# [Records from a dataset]
- - - - - - -

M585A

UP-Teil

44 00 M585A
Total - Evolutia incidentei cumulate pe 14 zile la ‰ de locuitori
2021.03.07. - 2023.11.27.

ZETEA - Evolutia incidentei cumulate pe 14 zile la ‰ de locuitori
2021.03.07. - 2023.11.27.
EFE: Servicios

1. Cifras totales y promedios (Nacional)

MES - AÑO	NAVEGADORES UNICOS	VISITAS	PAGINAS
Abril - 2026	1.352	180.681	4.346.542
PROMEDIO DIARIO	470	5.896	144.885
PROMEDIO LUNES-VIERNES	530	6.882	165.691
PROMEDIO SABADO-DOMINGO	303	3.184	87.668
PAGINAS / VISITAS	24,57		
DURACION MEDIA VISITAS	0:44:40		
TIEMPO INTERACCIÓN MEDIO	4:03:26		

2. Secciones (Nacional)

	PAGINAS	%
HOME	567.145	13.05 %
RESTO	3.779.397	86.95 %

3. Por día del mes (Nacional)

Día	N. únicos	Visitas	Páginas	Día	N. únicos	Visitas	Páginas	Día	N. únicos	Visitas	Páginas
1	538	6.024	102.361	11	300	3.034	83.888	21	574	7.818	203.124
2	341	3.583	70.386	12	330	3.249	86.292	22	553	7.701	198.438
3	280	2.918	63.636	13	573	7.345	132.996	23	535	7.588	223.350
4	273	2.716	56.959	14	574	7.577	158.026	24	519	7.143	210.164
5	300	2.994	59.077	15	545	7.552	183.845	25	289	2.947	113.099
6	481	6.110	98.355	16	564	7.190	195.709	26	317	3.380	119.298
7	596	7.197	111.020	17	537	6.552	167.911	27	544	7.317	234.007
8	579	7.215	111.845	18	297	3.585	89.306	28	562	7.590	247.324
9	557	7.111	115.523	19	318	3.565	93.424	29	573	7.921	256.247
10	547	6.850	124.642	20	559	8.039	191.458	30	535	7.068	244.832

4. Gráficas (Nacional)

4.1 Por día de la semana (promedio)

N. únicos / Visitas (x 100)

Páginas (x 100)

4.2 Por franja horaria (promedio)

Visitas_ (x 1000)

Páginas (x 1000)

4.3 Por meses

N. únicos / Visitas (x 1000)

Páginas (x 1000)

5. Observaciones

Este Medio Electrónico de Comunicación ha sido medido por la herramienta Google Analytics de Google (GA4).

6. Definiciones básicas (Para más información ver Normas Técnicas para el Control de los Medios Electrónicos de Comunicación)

- - - - - - -

# [Task requirements]
Up to and including the line with "Este Medio Electrónico", repeat the data exactly, starting from its first line; nothing else belongs in the response.

# [Output for this task]
M585A

UP-Teil

44 00 M585A
Total - Evolutia incidentei cumulate pe 14 zile la ‰ de locuitori
2021.03.07. - 2023.11.27.

ZETEA - Evolutia incidentei cumulate pe 14 zile la ‰ de locuitori
2021.03.07. - 2023.11.27.
EFE: Servicios

1. Cifras totales y promedios (Nacional)

MES - AÑO	NAVEGADORES UNICOS	VISITAS	PAGINAS
Abril - 2026	1.352	180.681	4.346.542
PROMEDIO DIARIO	470	5.896	144.885
PROMEDIO LUNES-VIERNES	530	6.882	165.691
PROMEDIO SABADO-DOMINGO	303	3.184	87.668
PAGINAS / VISITAS	24,57		
DURACION MEDIA VISITAS	0:44:40		
TIEMPO INTERACCIÓN MEDIO	4:03:26		

2. Secciones (Nacional)

	PAGINAS	%
HOME	567.145	13.05 %
RESTO	3.779.397	86.95 %

3. Por día del mes (Nacional)

Día	N. únicos	Visitas	Páginas	Día	N. únicos	Visitas	Páginas	Día	N. únicos	Visitas	Páginas
1	538	6.024	102.361	11	300	3.034	83.888	21	574	7.818	203.124
2	341	3.583	70.386	12	330	3.249	86.292	22	553	7.701	198.438
3	280	2.918	63.636	13	573	7.345	132.996	23	535	7.588	223.350
4	273	2.716	56.959	14	574	7.577	158.026	24	519	7.143	210.164
5	300	2.994	59.077	15	545	7.552	183.845	25	289	2.947	113.099
6	481	6.110	98.355	16	564	7.190	195.709	26	317	3.380	119.298
7	596	7.197	111.020	17	537	6.552	167.911	27	544	7.317	234.007
8	579	7.215	111.845	18	297	3.585	89.306	28	562	7.590	247.324
9	557	7.111	115.523	19	318	3.565	93.424	29	573	7.921	256.247
10	547	6.850	124.642	20	559	8.039	191.458	30	535	7.068	244.832

4. Gráficas (Nacional)

4.1 Por día de la semana (promedio)

N. únicos / Visitas (x 100)

Páginas (x 100)

4.2 Por franja horaria (promedio)

Visitas_ (x 1000)

Páginas (x 1000)

4.3 Por meses

N. únicos / Visitas (x 1000)

Páginas (x 1000)

5. Observaciones

Este Medio Electrónico de Comunicación ha sido medido por la herramienta Google Analytics de Google (GA4).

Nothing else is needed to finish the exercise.